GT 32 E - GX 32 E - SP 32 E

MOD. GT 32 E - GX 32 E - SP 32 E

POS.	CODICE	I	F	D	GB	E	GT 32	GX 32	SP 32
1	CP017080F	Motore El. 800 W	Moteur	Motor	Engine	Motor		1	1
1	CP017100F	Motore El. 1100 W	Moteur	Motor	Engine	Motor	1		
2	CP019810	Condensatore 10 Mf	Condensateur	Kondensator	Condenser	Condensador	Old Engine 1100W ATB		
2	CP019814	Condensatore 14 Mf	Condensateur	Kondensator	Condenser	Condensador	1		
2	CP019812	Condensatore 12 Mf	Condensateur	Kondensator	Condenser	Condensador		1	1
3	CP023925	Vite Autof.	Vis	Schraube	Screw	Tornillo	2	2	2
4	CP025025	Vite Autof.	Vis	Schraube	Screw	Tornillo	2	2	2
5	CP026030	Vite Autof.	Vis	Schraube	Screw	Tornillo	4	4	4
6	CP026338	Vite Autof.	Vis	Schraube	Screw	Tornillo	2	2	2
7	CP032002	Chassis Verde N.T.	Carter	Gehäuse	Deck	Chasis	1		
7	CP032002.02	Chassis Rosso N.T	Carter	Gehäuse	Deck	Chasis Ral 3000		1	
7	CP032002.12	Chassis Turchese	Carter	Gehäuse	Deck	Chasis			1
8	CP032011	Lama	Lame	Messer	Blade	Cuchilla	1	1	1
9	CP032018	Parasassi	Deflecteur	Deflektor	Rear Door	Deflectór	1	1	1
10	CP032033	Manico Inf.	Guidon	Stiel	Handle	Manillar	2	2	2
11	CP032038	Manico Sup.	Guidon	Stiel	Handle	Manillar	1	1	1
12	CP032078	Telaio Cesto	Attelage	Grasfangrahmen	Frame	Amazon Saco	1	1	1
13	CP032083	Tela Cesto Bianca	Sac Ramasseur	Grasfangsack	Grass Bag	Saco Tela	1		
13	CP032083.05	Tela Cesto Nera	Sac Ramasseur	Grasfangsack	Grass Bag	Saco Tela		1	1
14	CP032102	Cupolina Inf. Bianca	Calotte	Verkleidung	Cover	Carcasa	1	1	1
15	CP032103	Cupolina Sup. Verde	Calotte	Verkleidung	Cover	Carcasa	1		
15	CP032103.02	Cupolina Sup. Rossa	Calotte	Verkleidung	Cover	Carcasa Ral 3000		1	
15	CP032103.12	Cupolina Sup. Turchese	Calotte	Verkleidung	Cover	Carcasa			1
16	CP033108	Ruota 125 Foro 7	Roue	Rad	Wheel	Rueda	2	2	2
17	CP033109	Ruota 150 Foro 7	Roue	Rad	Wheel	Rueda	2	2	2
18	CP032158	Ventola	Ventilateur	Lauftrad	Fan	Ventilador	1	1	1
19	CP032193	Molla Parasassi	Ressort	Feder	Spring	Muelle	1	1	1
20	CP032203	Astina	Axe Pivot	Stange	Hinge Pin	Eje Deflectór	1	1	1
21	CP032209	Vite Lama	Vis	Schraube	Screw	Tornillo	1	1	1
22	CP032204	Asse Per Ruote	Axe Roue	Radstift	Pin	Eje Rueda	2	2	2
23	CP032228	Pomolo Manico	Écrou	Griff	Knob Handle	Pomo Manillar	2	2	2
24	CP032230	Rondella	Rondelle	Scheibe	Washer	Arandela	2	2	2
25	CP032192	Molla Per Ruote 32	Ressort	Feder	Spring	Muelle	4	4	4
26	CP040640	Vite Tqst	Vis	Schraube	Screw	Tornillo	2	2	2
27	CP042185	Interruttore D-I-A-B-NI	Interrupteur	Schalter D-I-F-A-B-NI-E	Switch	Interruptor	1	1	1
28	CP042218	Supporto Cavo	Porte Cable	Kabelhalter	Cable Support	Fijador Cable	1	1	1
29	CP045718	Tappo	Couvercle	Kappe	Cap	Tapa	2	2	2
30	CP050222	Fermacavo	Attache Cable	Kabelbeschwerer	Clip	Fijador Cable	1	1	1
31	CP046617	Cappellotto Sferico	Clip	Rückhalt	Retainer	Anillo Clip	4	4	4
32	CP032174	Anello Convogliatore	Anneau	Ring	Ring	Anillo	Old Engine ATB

--- Activity ---
Your task is to copy every entry above, exactly as written.

--- Answer space ---
GT 32 E - GX 32 E - SP 32 E

MOD. GT 32 E - GX 32 E - SP 32 E

POS.	CODICE	I	F	D	GB	E	GT 32	GX 32	SP 32
1	CP017080F	Motore El. 800 W	Moteur	Motor	Engine	Motor		1	1
1	CP017100F	Motore El. 1100 W	Moteur	Motor	Engine	Motor	1		
2	CP019810	Condensatore 10 Mf	Condensateur	Kondensator	Condenser	Condensador	Old Engine 1100W ATB		
2	CP019814	Condensatore 14 Mf	Condensateur	Kondensator	Condenser	Condensador	1		
2	CP019812	Condensatore 12 Mf	Condensateur	Kondensator	Condenser	Condensador		1	1
3	CP023925	Vite Autof.	Vis	Schraube	Screw	Tornillo	2	2	2
4	CP025025	Vite Autof.	Vis	Schraube	Screw	Tornillo	2	2	2
5	CP026030	Vite Autof.	Vis	Schraube	Screw	Tornillo	4	4	4
6	CP026338	Vite Autof.	Vis	Schraube	Screw	Tornillo	2	2	2
7	CP032002	Chassis Verde N.T.	Carter	Gehäuse	Deck	Chasis	1		
7	CP032002.02	Chassis Rosso N.T	Carter	Gehäuse	Deck	Chasis Ral 3000		1	
7	CP032002.12	Chassis Turchese	Carter	Gehäuse	Deck	Chasis			1
8	CP032011	Lama	Lame	Messer	Blade	Cuchilla	1	1	1
9	CP032018	Parasassi	Deflecteur	Deflektor	Rear Door	Deflectór	1	1	1
10	CP032033	Manico Inf.	Guidon	Stiel	Handle	Manillar	2	2	2
11	CP032038	Manico Sup.	Guidon	Stiel	Handle	Manillar	1	1	1
12	CP032078	Telaio Cesto	Attelage	Grasfangrahmen	Frame	Amazon Saco	1	1	1
13	CP032083	Tela Cesto Bianca	Sac Ramasseur	Grasfangsack	Grass Bag	Saco Tela	1		
13	CP032083.05	Tela Cesto Nera	Sac Ramasseur	Grasfangsack	Grass Bag	Saco Tela		1	1
14	CP032102	Cupolina Inf. Bianca	Calotte	Verkleidung	Cover	Carcasa	1	1	1
15	CP032103	Cupolina Sup. Verde	Calotte	Verkleidung	Cover	Carcasa	1		
15	CP032103.02	Cupolina Sup. Rossa	Calotte	Verkleidung	Cover	Carcasa Ral 3000		1	
15	CP032103.12	Cupolina Sup. Turchese	Calotte	Verkleidung	Cover	Carcasa			1
16	CP033108	Ruota 125 Foro 7	Roue	Rad	Wheel	Rueda	2	2	2
17	CP033109	Ruota 150 Foro 7	Roue	Rad	Wheel	Rueda	2	2	2
18	CP032158	Ventola	Ventilateur	Lauftrad	Fan	Ventilador	1	1	1
19	CP032193	Molla Parasassi	Ressort	Feder	Spring	Muelle	1	1	1
20	CP032203	Astina	Axe Pivot	Stange	Hinge Pin	Eje Deflectór	1	1	1
21	CP032209	Vite Lama	Vis	Schraube	Screw	Tornillo	1	1	1
22	CP032204	Asse Per Ruote	Axe Roue	Radstift	Pin	Eje Rueda	2	2	2
23	CP032228	Pomolo Manico	Écrou	Griff	Knob Handle	Pomo Manillar	2	2	2
24	CP032230	Rondella	Rondelle	Scheibe	Washer	Arandela	2	2	2
25	CP032192	Molla Per Ruote 32	Ressort	Feder	Spring	Muelle	4	4	4
26	CP040640	Vite Tqst	Vis	Schraube	Screw	Tornillo	2	2	2
27	CP042185	Interruttore D-I-A-B-NI	Interrupteur	Schalter D-I-F-A-B-NI-E	Switch	Interruptor	1	1	1
28	CP042218	Supporto Cavo	Porte Cable	Kabelhalter	Cable Support	Fijador Cable	1	1	1
29	CP045718	Tappo	Couvercle	Kappe	Cap	Tapa	2	2	2
30	CP050222	Fermacavo	Attache Cable	Kabelbeschwerer	Clip	Fijador Cable	1	1	1
31	CP046617	Cappellotto Sferico	Clip	Rückhalt	Retainer	Anillo Clip	4	4	4
32	CP032174	Anello Convogliatore	Anneau	Ring	Ring	Anillo	Old Engine ATB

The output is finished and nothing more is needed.